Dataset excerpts
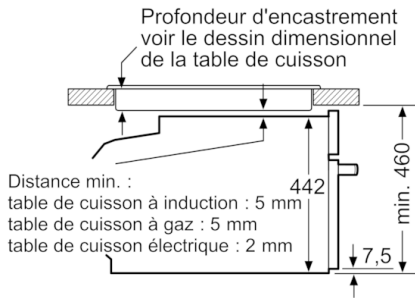

Données techniques

Couleur de la façade :	Inox
Type de construction :	Encastrable
Niche d'encastrement (mm) :	450-455 x 560-568 x 550
Dimensions du produit emballé (mm) :	520 x 650 x 710
Matériau du bandeau :	Acier inox
Matériau de la porte :	Verre
Poids net (kg) :	24,523
Certificats de conformité :	CE, VDE
Longueur du cordon électrique (cm) :	150
Code EAN :	4242002789132
Puissance de raccordement (W) :	1750
Intensité (A) :	10
Tension (V) :	220-240
Fréquence (Hz) :	60; 50
Type de prise :	Fiche cont.terre/Gard.fil ter.
Certificats de conformité :	CE, VDE

4 242002 789132

Accessoires intégrés

1 x Plat pour vapeur, perforé, taille L, 1 x Plat pour vapeur, non perforé, taille L, 1 x éponge

Série 8, Four vapeur, 60 x 45 cm, Inox CDG634BS1

Design :

- Ecran TFT couleur sensitif 2,5", avec texte clair

Type de four/Modes de cuisson

- Volume 38 l

Confort/Sécurité

- Horloge électronique
- Eclairage intérieur, commutable
- Sécurité enfants
 - Coupure automatique du four
 - Touche marche
 - Interrupteur au contact de la porte
- Réservoir d'eau 1.3 l
- Indication réservoir d'eau vide
- Câble de raccordement : 150 cm
- Puissance totale de raccordement : 1.75 kW

Série 8, Four vapeur, 60 x 45 cm, Inox CDG634BS1

Montage avec une table de cuisson.

Mesures en mm

Si l'appareil compact est installé sous une table de cuisson, les épaisseurs de plaque de travail suivantes (le cas échéant y compris la sous-structure) doivent être respectées.

▶ [Work task] Print the lines above from the one with "Puissance de raccordement" through the one with "1 x Plat pour vapeur, perforé, taille", both included, exactly as written and nothing more.

▶ [Response]
Puissance de raccordement (W) :	1750
Intensité (A) :	10
Tension (V) :	220-240
Fréquence (Hz) :	60; 50
Type de prise :	Fiche cont.terre/Gard.fil ter.
Certificats de conformité :	CE, VDE

4 242002 789132

Accessoires intégrés

1 x Plat pour vapeur, perforé, taille L, 1 x Plat pour vapeur, non perforé, taille L, 1 x éponge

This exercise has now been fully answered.